Benjamin Henry Paddock (February 29, 1828 – March 9, 1891) was the fifth Bishop of Massachusetts in the Episcopal Church.

Biography
Paddock was born on February 29, 1828, in Norwich, Connecticut, the son of the Reverend Seth Birdsey Paddock who was rector of Trinity Church in Norwich, and Emily Flagg. He studied at Trinity College and graduated in 1848. After graduation, he served as a teacher at the Episcopal Academy of Connecticut for one year. He then enrolled at the General Theological Seminary and graduated with a Bachelor of Divinity in 1852.

Paddock was ordained deacon on June 29, 1852 by Bishop Thomas Church Brownell of Connecticut in Christ Church, Stamford, Connecticut, and priest on September 27, 1853 by John Williams in Trinity Church, Norwich, Connecticut.
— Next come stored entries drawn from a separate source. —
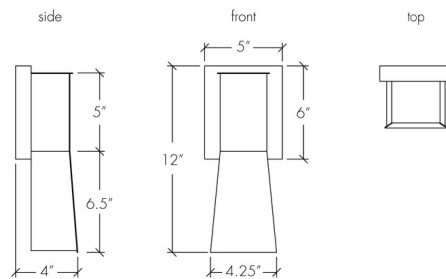

Technical Information

COLOR RENDERING	80 CRI
LAMP COLOR	3000K
LUMENS/WATT	140.60
LUMINOUS FLUX	1181 lumens

CLICK TO VIEW PRODUCT

Notes:

Initially he served as assistant minister at the Church of the Epiphany in New York City. In 1853 he became rector of St Luke’s Church in Portland, Maine, however after three months resigned and returned to Norwich, Connecticut, to serve as rector of Trinity Church. In 1860 he became rector of Christ Church Detroit, and in 1869 became rector of Grace Church in Brooklyn, New York City.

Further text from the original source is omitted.